## Data provided
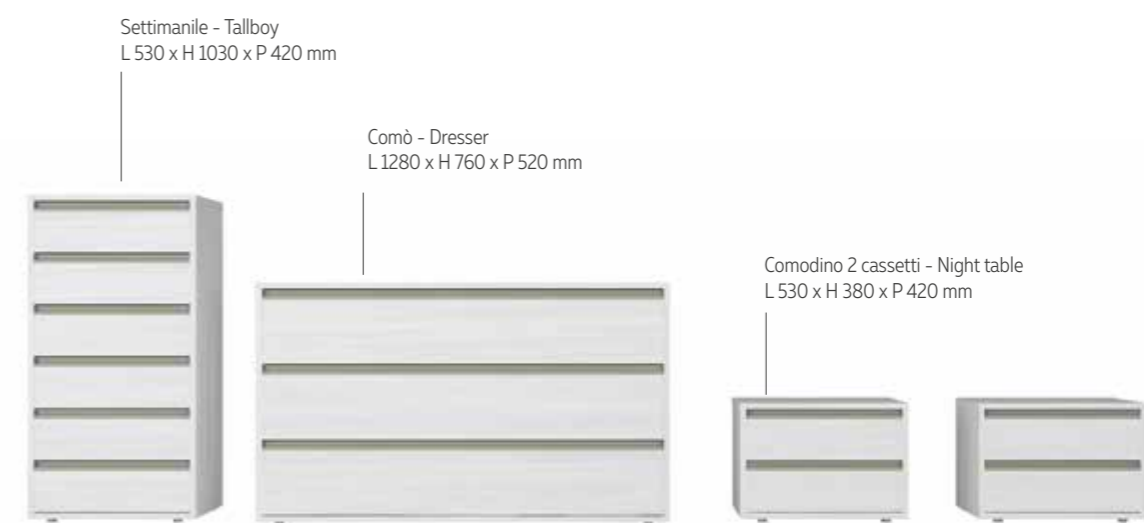

Finiture - Finishes

Materico: Olmo Sbiancato / Olmo Chiaro / Olmo Cenere
Melaminico: Bianco / Tortora / Platino
Laccato opaco: Bianco / Perla / Sahara / Sabbia / Ecrù / Titanio
Dekor: Spatolato Tortora / Pietra Smeraldo (solo per frontali)

Maniglia/ Handle: in plastica laccato opaco
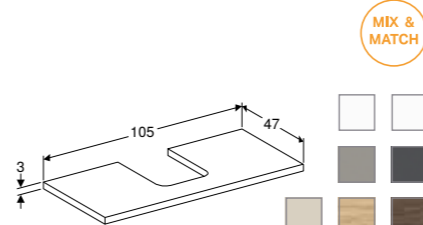

WASTAFELBLAD 105 CM VOOR OPZETWASTAFEL, AFGEROND DESIGN

Uitsparing in het midden
Wit hoogglans
Wit mat
Lava mat
Zandgrijs hoogglans
Eiken
Noten hickory
Greige mat

Voor installatie te combineren met:

2x console voor wastafelblad (505.700.00.1) of onderkast 105 cm (één lade 505.074.00.x, twee laden 505.264.00.x)

505.274.00.1
505.274.00.2
505.274.00.3
505.274.00.4
505.274.00.5
505.274.00.6
505.274.00.7

## What to work on
Check every line above for the string "hoogglans" and copy those that have it.

## Response area
Wit hoogglans
Zandgrijs hoogglans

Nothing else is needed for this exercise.